I play in both formats. Matters not to me. But when they are permitted, I use them. Dont care whose feelings i hurt in the process.
I could care less what a promoter decides. Jump cue/no jump cue, it's all just pool to me.
I personally think that jumping should be legal as long as you use your playing cue to do it-
-dj
Ultimately, the question is why we ever allowed jump cues in the first place.
The idea that one should play with a single cue remained unchallenged until the nine ball era, in which it became understood that the firm break could both compromise one's cue and could cause structural damage to its tip. So, it then became allowable, and in vogue, for nine ball players to carry a second cue.

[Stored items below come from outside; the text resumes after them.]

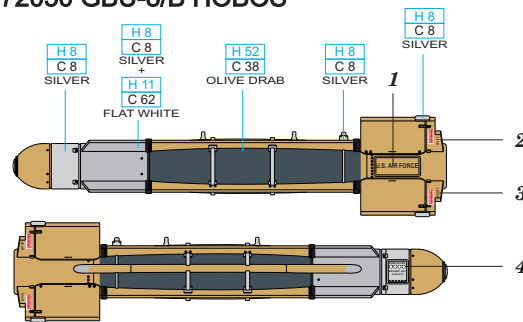

435 21 Obrnice 170
Czech Republic

www.eduard.com

BRASSIN

BRASSIN

eduard

672050 GBU-8/B HOBOS

BEST BRASS RESIN AROUND!

-  REMOVE
ODSTRANIT
-  BEND
OHNOUT
-  GRIND
OBROUSIT
-  OPTION
VOLBA
-  DRILL HOLE
VRTAT OTVOR
-  REPLACE
NAHRADIT
-  SYMMETRICAL ASSEMBLY
SYMETRICKÁ MONTÁŽ
-  SCRIBE THE PANEL AND HOLES
RYTÍ
-  REVERSE SIDE
OTOČIT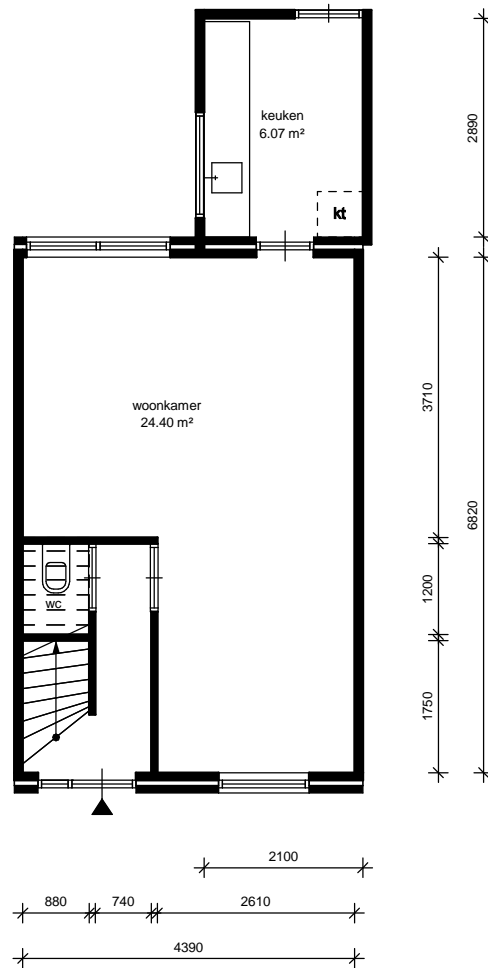

## LEGENDA

-  = kast
-  = meterkast
-  = deur
-  = entree deur
-  = schuifdeur
-  = keukenblok
-  = fontein
-  = wastafel
-  = toilet
-  = douche
-  = bad
-  = bovenkast
-  = opstelplaats kooktoestel
-  = opstelplaats koelkast
-  = opstelplaats wasmachine
-  = opstelplaats wasdroger
-  = cv ketel
-  = boiler
-  = mechanische ventilatie

maasdelta georiba	adres: Mackayplein 36		plaats: Maassluis		CMLXnr: 356	BVO: 93,9 m <sup>2</sup>
	schaal: 1 : 100	getekend door: Tekenus	datum: 17-07-2015	correctie datum:	VHE-NR: 789.356.0052.3	GO: 67,1 m <sup>2</sup>
	formaat: A4	aan deze tekening kunnen geen rechten worden ontleend.			printdatum: 30-09-2015	woningtype: As
						woningsoort: Tussenwoning/eindwoning

## LEGENDA

	= kast
	= meterkast
	= deur
	= entree deur
	= schuifdeur
	= keukenblok
	= fontein
	= wastafel
	= toilet
	= douche
	= bad
	= bovenkast
	= opstelplaats kooktoestel
	= opstelplaats koelkast
	= opstelplaats wasmachine
	= opstelplaats wasdroger
	= cv ketel
	= boiler
	= mechanische ventilatie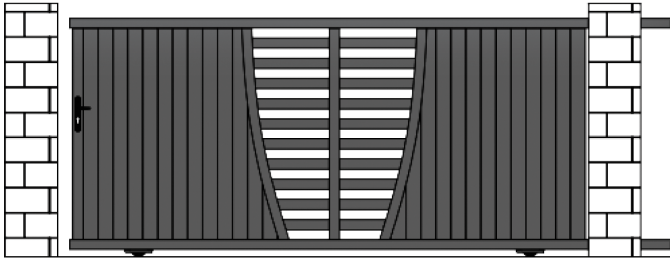

LES PIVOTANTS SONT LIVRÉS AVEC :

- Serrure à canon européen, 3 clés
- Poignée aluminium
- Sabot de sol
- Gonds multi-réglages (à visser ou à sceller)
- Traverse intermédiaire ou basse renforcée pour automatisme

Portail ALUMINIUM / Décor central avec meneaux cintrés

Modèle Cocoon - Gamme CONTEMPORAIN

• PORTAILS COULISSANTS COCOON

 forme droite uniquement

► Modèle **COCOON 1**

► Modèle **COCOON 2**

PROFILS ALUMINIUM

Jumping, however, should have been disallowed from the start. In a chat I had with Allen Hopkins about 30 years ago, he opined that as the rules of pool disallow a scoop, adding that most jumps executed with a jump cue were, in his view, fouls under the rules. Jumping without scooping, Allen offered, was something only a handful could do with any consistency. Earl Strickland, Sammy Jones and Johnny Archer were the first among the few who were capable. If you can't beat 'em, join 'm, right? Some players realized that if they broke down their playing cue and used the shaft only, that jumping wasn't difficult at all, and this was one of many reasons that more than a few worked on developing a specialty short cue that would facilitate executing the jump shot, and the jump cue was born. It was a big moneymaker for cue designers, and for that reason, it's future was all but assured. So now, it was in vogue for the serious nine baller to carry three cues, a playing cue, a break cue and a jump cue.

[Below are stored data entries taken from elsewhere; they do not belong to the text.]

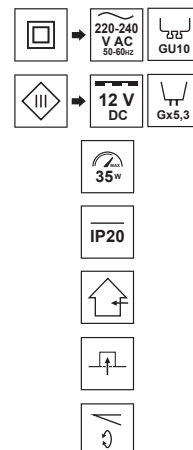

## Pierścień dekoracyjny DAIRA Chrome

DAIRA punktowa oprawa LED łatwa w montażu, zda egzamin w nowoczesnych pomieszczeniach, a także w większych przestrzeniach, gdzie użycie jednego źródła światła może być niewystarczające. Idealna do tworzenia zestawu sufitowego składającego się z kilku punktów świetlnych.

DANE OGÓLNE	EDO777300
Zastosowanie:	wewnątrz
Rodzaj montażu:	podtynkowy
Miejsce montażu:	sufit
Kolor:	chrom
Rodzaj wykończenia:	połysk
Materiał:	stal
Wymiary:	
-szerokość [mm]:	ø96mm
-długość [mm]:	-
-średnica pierścienia [mm]:	ø65mm
-wysokość całkowita [mm]:	24mm
-wysokość [mm]:	3mm
-otwór montażowy[mm]:	ø80mm
Regulowany:	tak
Przesłona:	-
Gniazdo w komplecie:	nie
Typ gniazda:	GU10/Gx3,5
Liczba gniazd:	1
Źródło światła w komplecie:	nie
DANE TECHNICZNE	
Moc maksymalna [W]:	35W
Napięcie znamionowe [V]:	220-240 V AC/ 12 V DC
Częstotliwość znamionowa [Hz]:	50-60 Hz
IP:	IP20
Klasa ochronności:	II/III
Zawartość rtęci:	nie
Warunki otoczenia [°C]:	-20...50°C
Minimalna odległość od oświetlanego obiektu [m]:	0,5m
DANE LOGISTYCZNE	
Opakowanie zbiorcze [szt.]:	100szt.
Waga [g]:	74g
Waga z opakowaniem [g]:	95g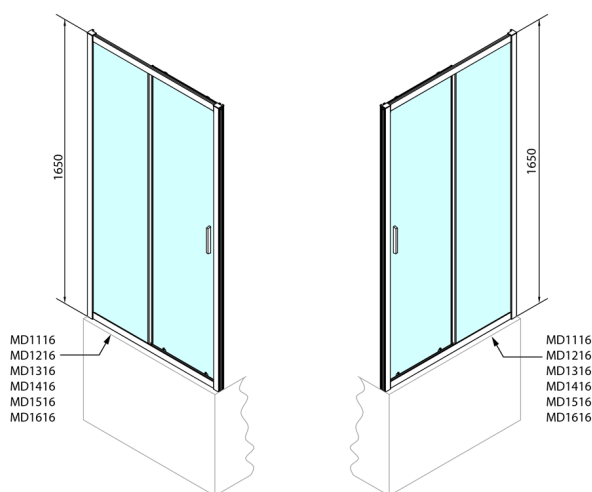

DEEP drzwi prysznicowe 1500x1650mmmm, szkło czyste

Kod: MD1516

Rozmiary

Szerokość: 1500 mm

Wysokość: 1650 mm

Właściwości

Gwarancja: 2 lata

Karta techniczna

MODEL	A	B	C
MD1116	1075-1115	~480	~430
MD1216	1175-1215	~530	~480
MD1316	1275-1315	~580	~530
MD1416	1375-1415	~630	~580
MD1516	1475-1515	~680	~630
MD1616	1575-1615	~730	~680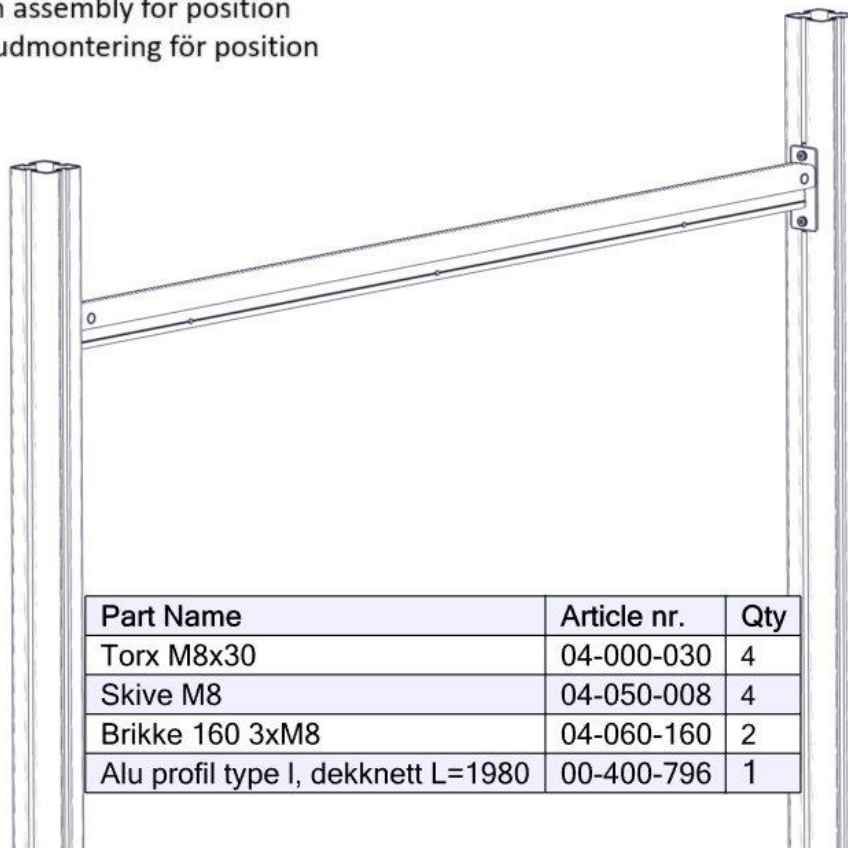

Montering av lekeapparatet / Assembly instructions / Montering av lekredskapet

Se på hovedmontering for posisjon
Look at main assembly for position
Titta på hovudmontering for posisjon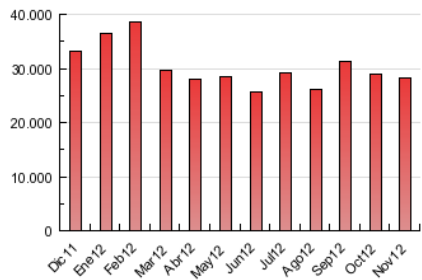

Páginas (x 1000)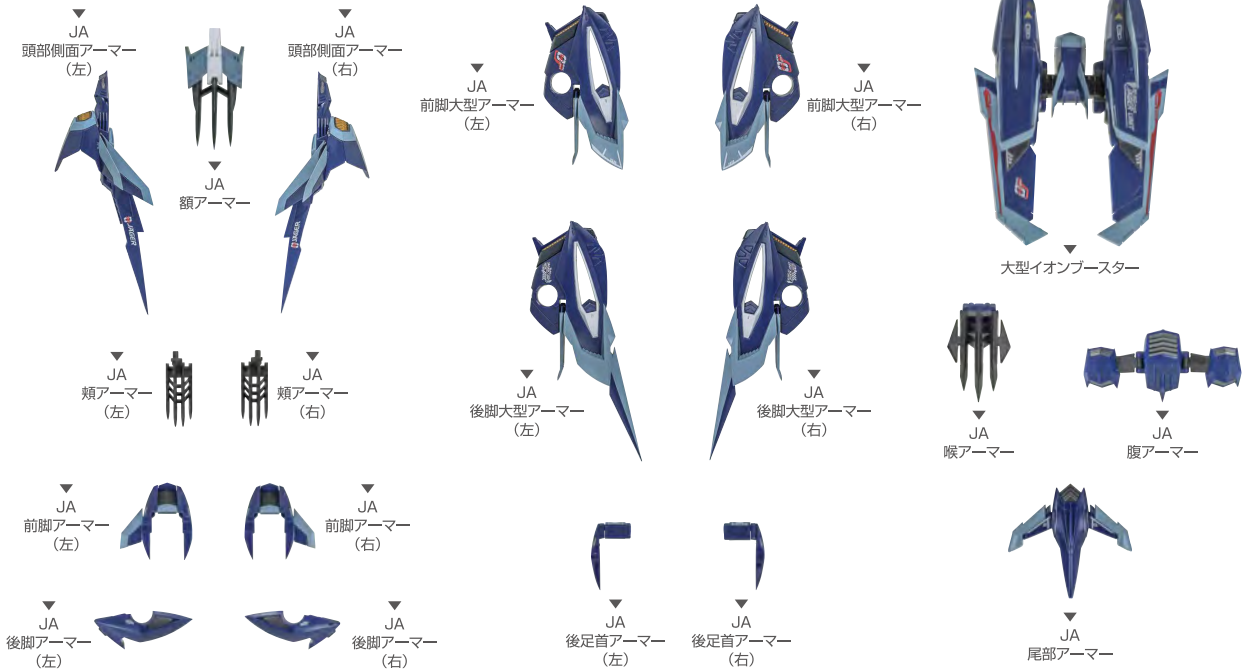

イエーガーユニット(JA)

※本書の画像には試作品を使用しています。実際の商品とは、多少異なりますのでご了承ください。

No doubt, some reason to carry a fourth cue will arrive eventually. Some own what's called a masse cue, a specialty cue designed specifically for executing the masse shot, but the rules forbid carrying a fourth cue. The day may come when a caddy will be needed, just as in golf, to tote around one's cues from table to table.

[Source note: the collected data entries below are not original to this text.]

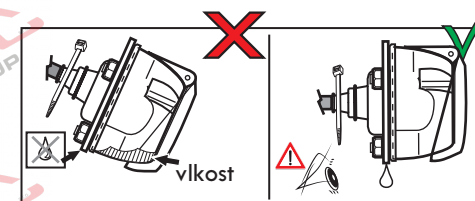

Vysokov 179
547 01 Náchod
Česká republika

+420 603 360 607 +420 491421021 svc@svgroup.cz

Zapojení auto zásuvky pro tažné zařízení SVC GROUP

13 - pinová auto zásuvka *doporučená pro nosiče kol*

www.svcgroup.cz

Zapojení 13 pinové auto zásuvky

1	L	- Žlutá - Yellow	21 W
2	$\emptyset$	- Modrá - Blue	2x21 W
3	1-8	- Bílá - White	Ukostoní pro pin Earth for contact č. 1-8
4	R	- Zelená - Green	21 W
5	58-R	- Hnědá - Brown	21 W
6	54 Ø 1mm	- Červená - Red	3x21 W
7	58-L	- Černá - Black	21 W
8	$\emptyset$ Spátečka/Reverz	- Oranžová - Orange	2x21W
9	30+ max 20 ampere	- Červená/Hněd. - Red/Brown	Max 20A
10	15+ max 20 ampere Ø 2,5mm	- Modro Hněd. - Blue/Brown	Max 20A
11	10	- Bílá - White	Ukostoní pro pin Earth for contact č. 10
		- Šedivá - Grey	Běžně se nepoužívá Not usually used
13	9	- Bílá - White	Ukostoní pro pin Earth for contact č. 9

Auto zásuvka zadní vývod

Auto zásuvka SKL boční vývod
zaklápění pod nárazník s prodlouženou zárukou

ISO/DIN 11446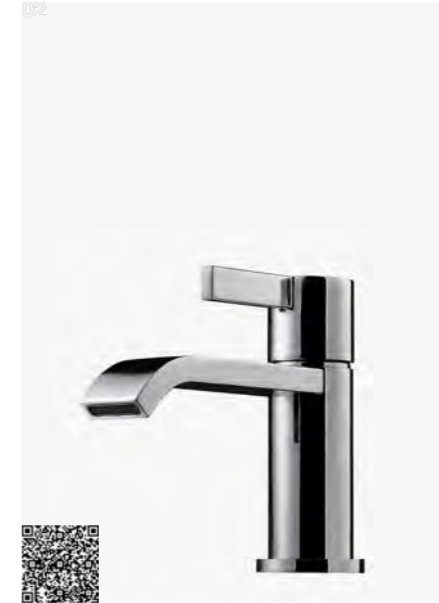

ARM 071L CR
Håndvaskarmatur.
Bundventil tilkøbes separat.
Chrome | 9426096 | 2790,-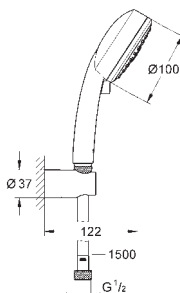

27 588 002

chrom

48,00

New Tempesta Cosmopolitan 100 Set pro upevnění na zeď se 3 proudy

set obsahuje:

ruční sprcha (27 574)

nástěnný držák sprchy nenastavitelný (27 594)

sprchová hadice Relexaflex

1500 mm DN 15 x DN 15 (28 151)

GROHE EcoJoy 9,5 l/min omezovač průtoku

GROHE StarLight chromový povrch

GROHE DreamSpray perfektní vodní paprsky

GROHE SpeedClean - odstranění

vodního kamene přetřením

Vnitřní WaterGuide pro delší životnost

vhodné pro průtokové ohřivače vody

minimální tlak **1,0 bar**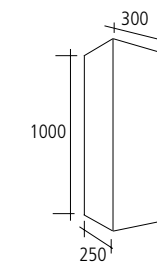

* (ES) Ancho **a medida** (FR) Largeur **sur-mesure** (EN) **Tailored** Length.

(ES) Satinado (FR) Satiné (EN) Silk

- 011 015 117 014 019 027 016

(ES) Texturado (FR) Texturé (EN) Textured

- 081 082 083 084

(ES) Mate (FR) Mat (EN) Matt

- 091 092

As a sport, pool dogged it when it first allowed the jump cue, the use of which requires skill, but to me, the creative use of billiard knowledge is an area of great majesty in our game, and the jump cue has robbed us of some of that majesty.
The jump cue is here to stay, but those who prefer to run tourneys without them should be respected for their choice. The disallowance of the jump cue at the Derby City Classic is one reason it is such a fine event, and as exciting as any event held in the United States, completely destroying the myth proposed by some that pool is less exciting without the jump cue.
Live and let live.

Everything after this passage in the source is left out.